## Step 1: Define the symbolic representation of the variables
The variables are 'hours worked by John' and 'hours worked by Hank', which can be represented symbolically as $x_1$ and $x_2$ respectively.

## Step 2: Define the objective function in symbolic notation
The objective function to maximize is $3.94x_1 + 7.71x_2$.

## Step 3: Define the constraints in symbolic notation
The constraints are:
- $15x_1 \leq 88$ (productivity rating for John, but this seems to be an attribute and not directly a constraint on $x_1$)
- $6x_1 \leq 100$ (organization score for John, similarly, this seems to be an attribute)
- $3x_2 \leq 88$ (productivity rating for Hank)
- $8x_2 \leq 100$ (organization score for Hank)
- $15x_1 + 3x_2 \geq 16$ (total combined productivity rating)
- $6x_1 + 8x_2 \geq 40$ (total combined organization score)
- $8x_1 - 2x_2 \geq 0$
- $15x_1 + 3x_2 \leq 87$ (total combined productivity rating upper bound)
- $6x_1 + 8x_2 \leq 87$ (total combined organization score upper bound)

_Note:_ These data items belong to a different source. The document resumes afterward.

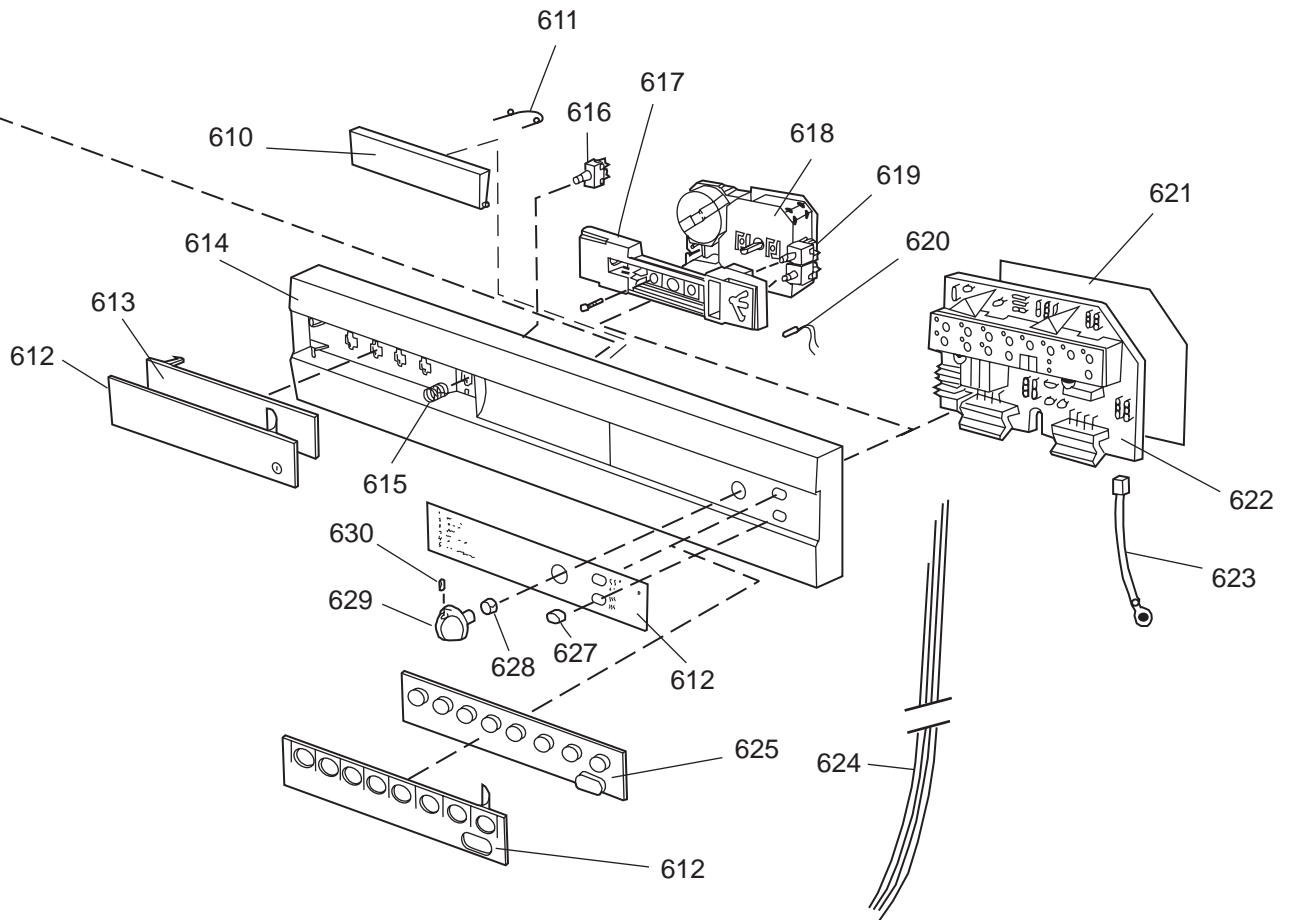

Datum
2003-03-24
Date

PANEL

CONTROL PANEL AND RELATED PARTS

Control panel and related parts

ASKO, D1876 US - Black Bi (DW954)

Pos	Spare part No.	Description	Qty	Comment
601	8057541-33	Door Handle, Black DW 05/06	1 Pcs	
602	8057545	Rotary catch, child safety '	1 Pcs	
603	8057546	SPRING, SafetyCatch 05/06 DW	1 Pcs	
604	8057544	Arm, SafetyCatch 05/06 DW	1 Pcs	
605	8057539	Bracket 4 Switch/Handle 05/0	1 Pcs	
605-a	8902085	Screw 20T for Plastic	2 Pcs	
606	8071098	Cover for Micro Switch	1 Pcs	
607	8055473	Door Switch - DW 05/06	1 Pcs	
608	8057542	Actuator, Doorswitch 05/06 D	1 Pcs	
609	8007078	Spring 02 Handle, DW	1 Pcs	
612	8073408-33	Decor Insert	1 Pcs	
614	8057538-69	Cover Main Switch Black 05'	1 Pcs	
614	8071680-69	Control Panel 05/06 DW	1 Pcs	
621	8060076	Cover, protective 05	1 Pcs	
622	8801201	Board, DW 05/06 (Not FI/Cust	1 Pcs	
622-a	8902053	Screw	2 Pcs	
623	8059767	Thermistor 05/06 DW	1 Pcs	
624	8059861	BASIC HARNESS DOOR DW95E	1 Pcs	
624	8059865	Basic Harness	1 Pcs	
624	8073452	Cable D1876	1 Pcs	
690	8075564	INSTR. D/WASHER USA DW95 ENG	1 Pcs	
690	8075565	INSTR. D/WASHER USA DW95 FR	1 Pcs	
690	8075566	INSTR. D/WASHER USA DW95 ES	1 Pcs	
690	8073096	INSTR. GENERAL D/WASHER USA	1 Pcs

## 4: Correctly interpret the given attributes as constraints or bounds
Given attributes:
- {'r0': {'description': 'productivity rating', 'upper_bound': 88, 'x0': 15, 'x1': 3}, 'r1': {'description': 'organization score', 'upper_bound': 100, 'x0': 6, 'x1': 8}}
These attributes imply:
- For John: productivity rating is 15, organization score is 6.
- For Hank: productivity rating is 3, organization score is 8.

## 5: Formulate the optimization problem in Gurobi
We need to maximize $3.94x_1 + 7.71x_2$ subject to the constraints.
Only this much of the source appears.